Monday, June 18, 2007

More than IVRs, Part II : A Real World Example

Just because you could, doesn't mean you should. If it is much easier to blend in speech recognition, IVRs and SMS messages into your software, should you? My theory is that there are three positives from blending real time communications with the business process : it makes businesses faster, it makes businesses more efficient, and it makes customers happier. Let's look at an example that shows each.

Many delays in business are human delays. Finding the right person to answer a question, sign a form or move a phone line can take as long as doing the task itself. Integrating real time communications into the business process makes the job of finding the right person a matter of software, not people-ware. My example for making businesses faster is the review cycle for reports, designs or other plans. If the review cycle were handled by a piece of software, it could coordinate all the comments, aggregate them and post them for the team to see. It would be faster if, as the deadline neared, the software would actually call your cell phone and ask "Your attention is required on a review due tomorrow. If you have any comments, just speak them now, and I'll add them as text to the review document. If you don't have the time to review this, say 'I don't have time'. If you need 30 minutes to review the document, say 'Call me back in 30 minutes' ". Reviews would happen quickly and predictably.

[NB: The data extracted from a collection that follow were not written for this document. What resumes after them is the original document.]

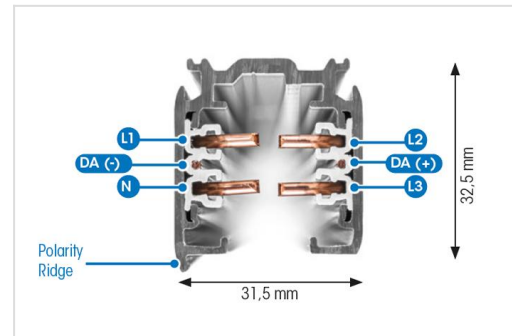

PULSE TRACK

GLOBAL Trac Pulse is een 3-fase verlichtingsrailsysteem met extra bedrading voor het doorgeven van een stuursignaal. Hierdoor is het mogelijk om slimme besturingssystemen te gebruiken, zoals bijvoorbeeld DALI en DMX.

Een compleet railsysteem is samen te stellen uit rails, voeding-, eind- en koppeltoebehoren en eventueel montage onderdelen.

Geschikt voor **DALI**-spots of armaturen die voorzien die voorzien zijn van een **GLOBAL Trac Pulse** adapter, zoals; **Lystra** Vinci [M](#), Sidecar [S](#) en [M](#), en [Runway S](#). **Halla** [Lina45-T](#), [Vali55-T](#), [Vali80-T](#) en [Sant-T](#). **Lamp** [Hance](#).
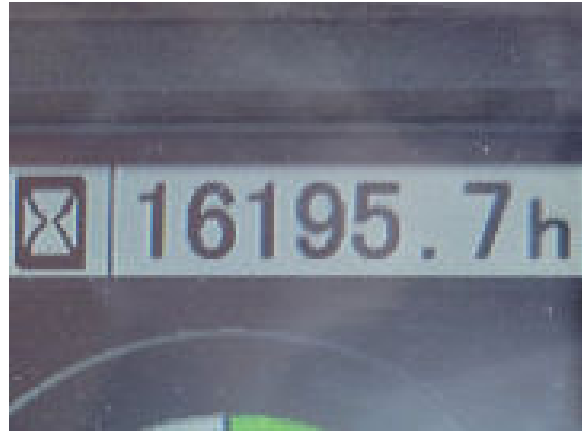

KIESEL GmbH
Baidter Straße 29
88255 Baienfurt
www.kiesel.net

Handelsregister B
Amtsgericht Ulm HRB 551087
USt-IdNr: DE185630186
Geschäftsführung: Toni Kiesel,
Kathrin Kiesel, Maximilian Schmidt,
Ludwig Vetter, Harald Thum

Eingabefehler und Irrtümer in diesem Angebot werden ausdrücklich vorbehalten.
Entscheidend sind allein die konkreten Vereinbarungen in der Auftragsbestätigung bzw. im Kaufvertrag.
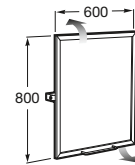

600 x 800 mm
Espejo basculante inox
Ref. A812288000
253,00 €
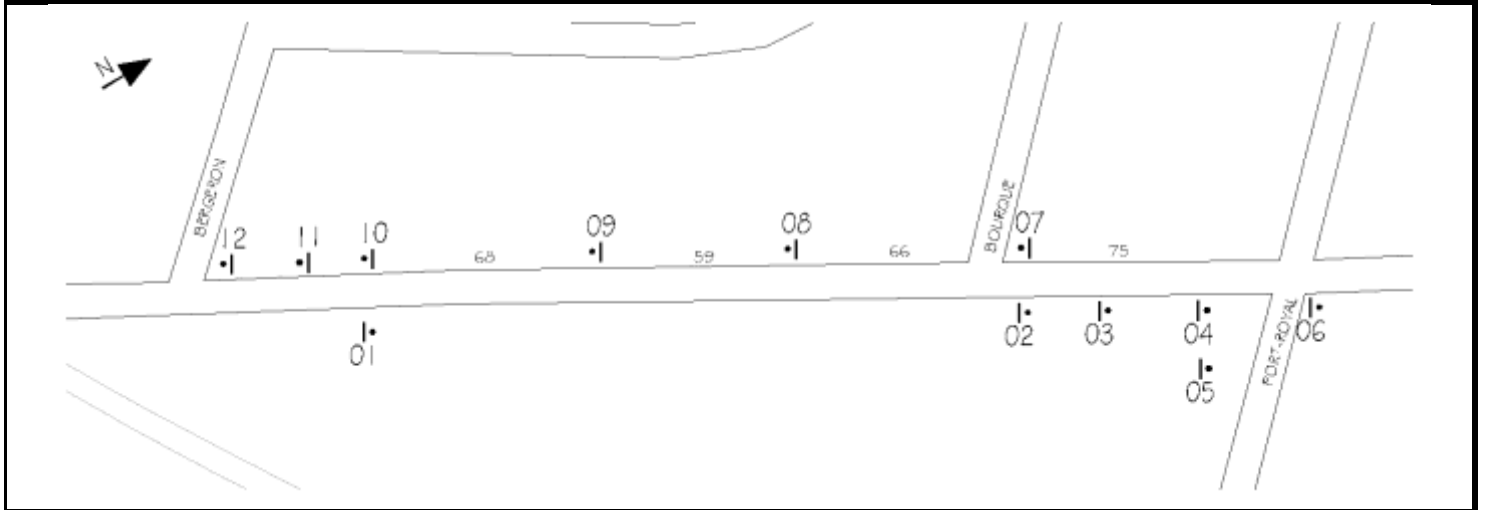

St-Grégoire

Croquis # 4-790

Acadiens, Boul. Des

P-150-2-G de 300 x 450 mm
localisé sur le poteau numéro **101** sur
Acadiens, Boul. Des

Stationnement interdit à gauche

P-150-2-GD de 300 x 450 mm
localisé sur le poteau numéro **102** sur
Acadiens, Boul. Des

Stationnement interdit à gauche et à droite

P-150-2-GD de 300 x 450 mm
localisé sur le poteau numéro **107** sur
Acadiens, Boul. Des

Stationnement interdit à gauche et à droite

P-150-2-GD de 300 x 450 mm
localisé sur le poteau numéro **108** sur
Acadiens, Boul. Des

Stationnement interdit à gauche et à droite

Keeping with the example, I think it's easy to see how this makes business more efficient. How many times have you been to a review meeting, which for most people for most of the meeting, a complete waste of time? Yeah, me too. How about the time to coordinate the meeting? The time to aggregate comments and post them to a site, if you ever did? Answer this honestly: can you go back and get the comments for any work you had reviewed two years ago? Integrating real time communications into the business process makes the business more efficient by coordinating feedback, by making it easy to forward comments back and by (frankly) nagging appropriately.

Happier customers? Yes, I'd say this qualifies as well. As a manager, and the customer of this process, I would be happier to see a predictable schedule, with a well formatted and organized output. Our studies show that one way to make customers happier is to increase visibility into the process itself. If you can see what's going on, you can make judgments about progress and success, and that will help you relieve your anxiety. Same deal here, as you can see how the review cycle is moving, who has responded, and who has not.

I think a fair question to ask would be at this point, "Well sure, Tom, but I could have done this with Lotus Notes and a workflow." Yes, but I think the addition of voice and real time communications has made it even better, and valuably so. By giving the option of offering a review over the phone means that I don't have to wait for the boss to get back to get feedback, even if it's "I don't have any." By giving the option to nag your teammates for their feedback means that I don't have to hope they read their email. For those outside your company, I don't have to fear the SPAM filter. Never mind the nuance of emotion that can be communicated easily with voice, and gets lost with text. Blending in voice to does this for you.

This is a horizontal application, but nearly everywhere I look I see the same effect. Disease management has similar issues, credit calls, transportation, inventory and purchasing as well. You may claim that these are small issues, but I would disagree. But even if they were, costs of deployment for these technologies have fallen so far that to deploy these solutions won't break any company's budget.